3,3 millones de hectáreas afectadas y 50 viviendas consumidas por el fuego
Se declara una situación de emergencia en el país debido a los devastadores incendios forestales que han afectado el norte paceño y Beni, dejando una estela de destrucción en al menos 50 comunidades indígenas y campesinas. Las llamas han consumido casas, tomas de agua, animales y sembradíos, generando una crisis humanitaria sin precedentes.
El alcalde de Rurrenabaque, Elías Barrientos, describe el fuego como "implacable", causando daños severos a la vivienda, la producción y la población. La magnitud de la destrucción ha llevado a una movilización conjunta de municipios y dirigentes indígenas para realizar relevamientos y brindar asistencia a los afectados.
Datos preliminares indican que al menos 50 comunidades resultaron directamente afectadas, con aproximadamente medio centenar de viviendas reducidas a cenizas en municipios de Beni y el norte paceño, las áreas más golpeadas por los incendios.
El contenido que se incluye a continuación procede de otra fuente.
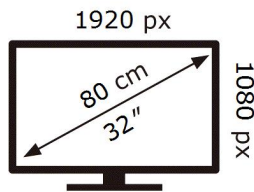

**ENERG**

**SAMSUNG**

HG32T5300EZ

**27** kWh/1000h

ABCDEF **G**

**55** kWh/1000h

2019/2013
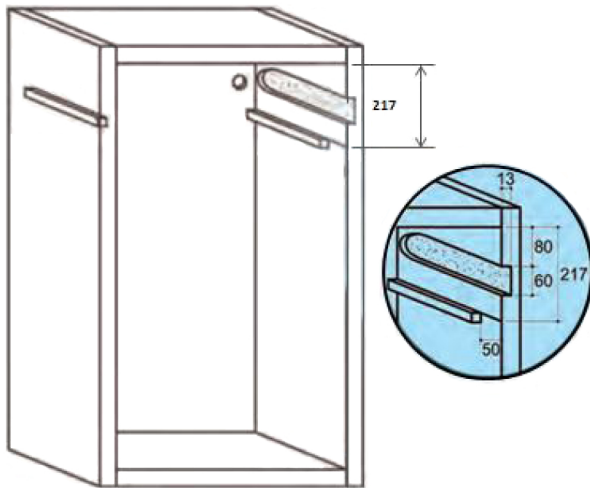

Oberflächen auf Bestellung (ca. 4-5 Wo. Lieferfrist):

1. ☐ SN Satiniert Natur   ☐ IG Inox gebürstet
   ☐ WG Weiss Glanz   ☐ SM schwarz matt
   ☐ WM Weiss matt

1. ☐ Voll-Alu Lamellen   ☐ gelochte Lamellen

1. ☐ gemischte Lamellen (Voll-Alu + gelocht)

Info: die Ausführung mit Motor ist nicht kombinierbar mit einer Schlossleiste.
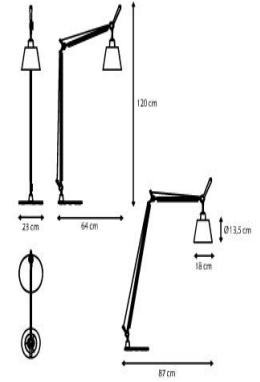

## Tolomeo Basculante Lettura

A60 100W E27  
QT32 100W E27

Höhe (mm): 1200  
Länge (mm): 640  
Abmessungen (mm): 230

## Tolomeo Basculante Terra

A60 100W E27  
QT32 100W E27

Breite (mm): 1340  
Höhe (mm): 2260

## Tolomeo Lettura

A60 100W E27

Breite (mm): 960  
Höhe (mm): 1670  
Abmessungen (mm): 230

## Tolomeo Micro Terra

D45 40W E14

QT26 60W E14

Länge (mm): 740

Según la Autoridad de Fiscalización y Control Social de Bosques y Tierra (ABT), se estima que 3.372.369 hectáreas han sido afectadas en todo el país, con 1.107.513 hectáreas afectadas en bosques.
En Beni, el departamento con el 70% de las hectáreas quemadas, se han contabilizado al menos 30 comunidades afectadas y unas 30 viviendas devastadas. A pesar de los esfuerzos intensos de los comunarios, las llamas han alcanzado fuentes de agua, viviendas, animales, chacos y sembradíos.
En Rurrenabaque, al menos una decena de comunidades han sufrido daños significativos. En Carmen Florida, las tuberías de las tomas de agua fueron alcanzadas por las llamas, dejando a la comunidad sin acceso al vital recurso durante una semana. Pérdidas de cultivos y animales también se registran en comunidades como Santa Rosita, Asunción de Quiquibey, Nuevo Amanecer, San Pablo, San Silvestre y Pampa Porteña.
La comunidad de Retiro, en el municipio de San Ignacio de Moxos, ha perdido al menos cinco viviendas debido a la propagación de las llamas. En San Borja, se informa la pérdida de 24 casas en comunidades indígenas y campesinas como El Carmen del Yacuma, Pachigual, Santa Anita y Tacuaral del Matto, afectando a más de 200 de las 320 comunidades en la región.
La situación es desoladora, con animales calcinados, cultivos y pertenencias consumidas por el fuego. La Alcaldía de San Borja estima que alrededor de 3.000 familias han sido afectadas, con más de 200 comunidades sufriendo pérdidas. Se hace un llamado a la solidaridad nacional e internacional para abordar esta emergencia y brindar apoyo a las comunidades afectadas en esta difícil situación. Se proporcionarán actualizaciones regulares a medida que se desarrolle la respuesta a esta crisis.